Pega Zarjam1, Julien Epps, Fang Chen, Nigel H Lovell.   

Abstract

Electroencephalography (EEG) has shown promise as an indicator of cognitive workload; however, precise workload estimation is an ongoing research challenge. In this investigation, seven levels of workload were induced using an arithmetic task, and the entropy of wavelet coefficients extracted from EEG signals is shown to distinguish all seven levels. For a subject-independent multi-channel classification scheme, the entropy features achieved high accuracy, up to 98% for channels from the frontal lobes, in the delta frequency band.
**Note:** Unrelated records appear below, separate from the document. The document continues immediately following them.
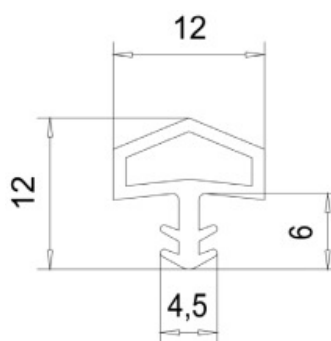

Product code	Description	Length (m)	Colours	Packaging unit
SCH2002DB	2002 gasket	150	dark brown	1
SCH2002WH	2002 gasket	150	white	1

Schlegel 1440 Gasket

Product information

Extruded weatherseals designed to meet specific needs for timber, uPVC and aluminium framed windows and doors. TPE extruded seal with solid TPE base is weatherproof and UV-resistant.

Product code	Description	Length (m)	Colours	Packaging unit
SCH1440DB	1440 gasket	300	dark brown	1
SCH1440WH	1440 gasket	300	white	1

MTEC Timber Frame Gasket

Product information

Extruded seal designed for internal timber frames.

Product code	Description	Length (m)	Colours	Packaging unit
0009052834	Timber frame gasket	5	white	1
0009052835	Timber frame gasket	5	beige	1
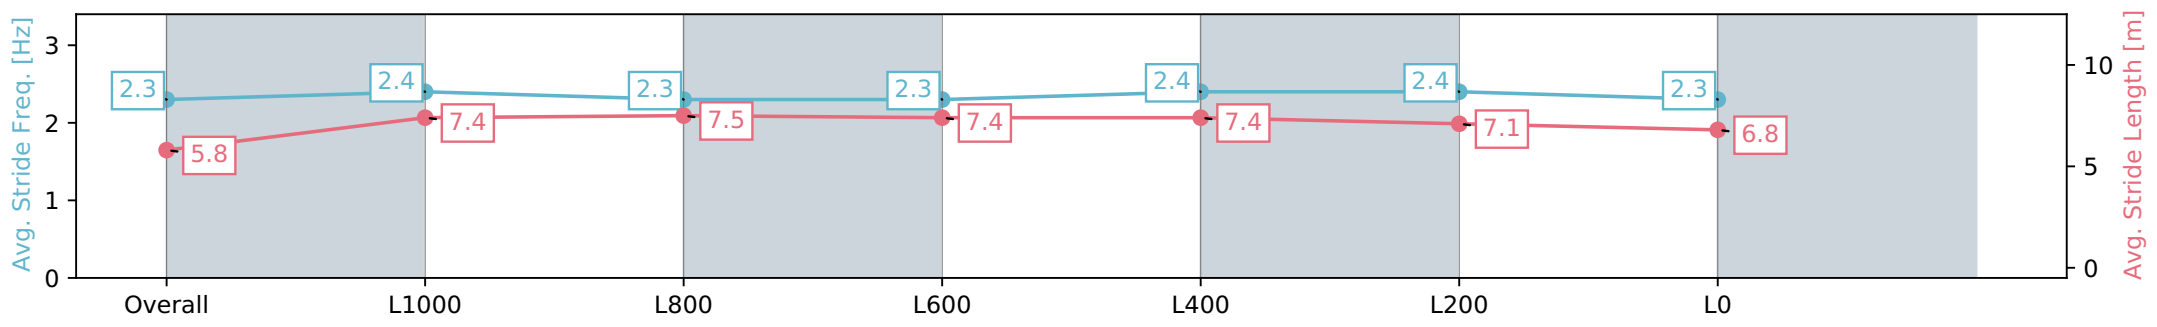

Horse/Jockey Name	THE BRUMBY
Finish Rank	2
Fastest Section Time (Section)	0:08.08 (Overall)
Top Speed [km/h] (Section)	67.3 (L1200)
Race State	Finished

Rockhampton QLD - Professional
Race 8: JOIN OR RENEW YOUR GOLD CLUB MEMBERSHIP
RATINGS BAND 0 - 55 Handicap - 1300m

16 February 2024 - 4:40PM

Track Rating: Soft 7, Weather: Showery, Rail Position: +3.5m

Section	Overall	L1000	L800	L600	L400	L200	L0
Section Times	1:18.46 [2] (0:08.08)	1:10.38 [5] (0:11.01)	0:59.37 [3] (0:11.41)	0:47.96 [4] (0:11.95)	0:36.01 [4] (0:11.39)	0:24.62 [4] (0:11.78)	0:12.84 [3] (0:12.84)
Average Speed [km/h]	44.6	65.3	63.2	60.9	63.3	61.2	56.1
Top Speed [km/h]	61.3	67.3	65.4	62.2	64.1	63.3	58.3
Avg. Dist. to Rail [m]	2.6	0.8	0.3	1.4	5.3	7.4	6.5
Avg. Stride Freq. [Hz]	2.3	2.4	2.3	2.3	2.4	2.4	2.3
Avg. Stride Length [m]	5.8	7.4	7.5	7.4	7.4	7.1	6.8

Report Created: Fri 16 February 2024 18:50:33 GMT+11 (Note: Timing is based on positional data)

- [ ] Ranking at each section and finish
- -:-:- No data available at this section
- NA No data available
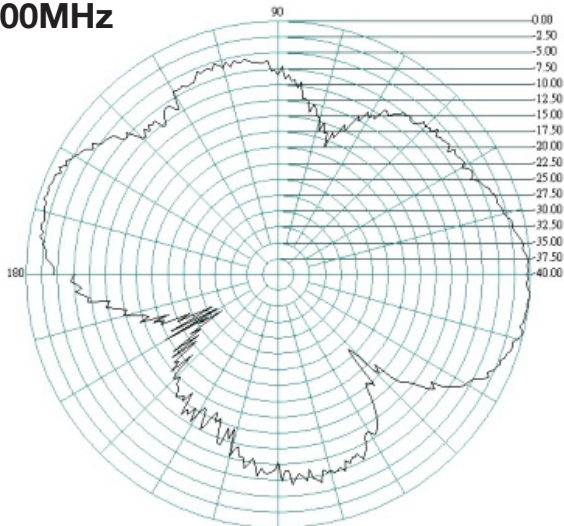

The flat panel design pushes out the signal in one direction enabling a higher directional gain to be achieved.

The Oscar 421 comes with a stainless steel bracket and U bolt clamp for wall or standard mast mounting.

Oscar 421

2G/3G/4G/WiFi MIMO directional Antenna

Antenna 1 Return Loss

VSWR

Antenna 2 Return Loss

VSWR

Oscar 421

2G/3G/4G/WiFi MIMO directional Antenna

Radiation Patterns Port 1

E-Plane

700MHz

H-Plane

800MHz

Oscar 421

2G/3G/4G/WiFi MIMO directional Antenna

E-Plane

H-Plane

900MHz

1700MHz

Oscar 421

2G/3G/4G/WiFi MIMO directional Antenna

E-Plane

1800MHz

H-Plane
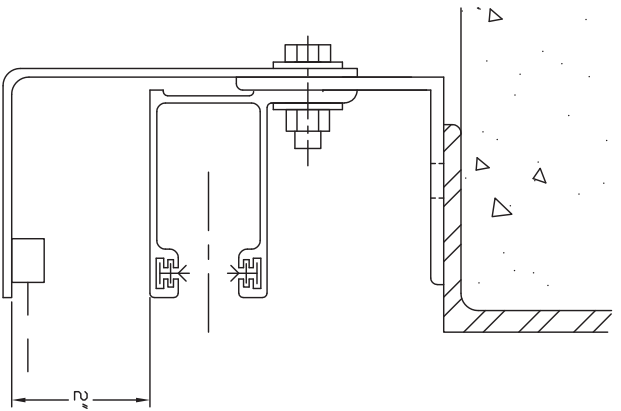

EST - E-MOUNT TO STEEL

ZMA - Z-MOUNT TO MASONRY

ZTU - Z-MOUNT TO TUBE

EDS - E-MOUNT TO DRYWALL

BMA - BETWEEN JAMBS

TUB - DIRECT TO TUBE

SHOWN WITH LIGHT CURTAIN SAFETY SENSOR

MODEL 300HPD-350HPD-390HPD-400HPD
HIGH PERFORMANCE SUPERTRACK

This suggests that a smaller number of EEG channels in only one frequency band can be deployed for an effective EEG-based workload classification system. Together with analysis based on phase locking between channels, these results consistently suggest increased synchronization of neural responses for higher load levels.
Copyright © 2013 Elsevier Ltd. All rights reserved.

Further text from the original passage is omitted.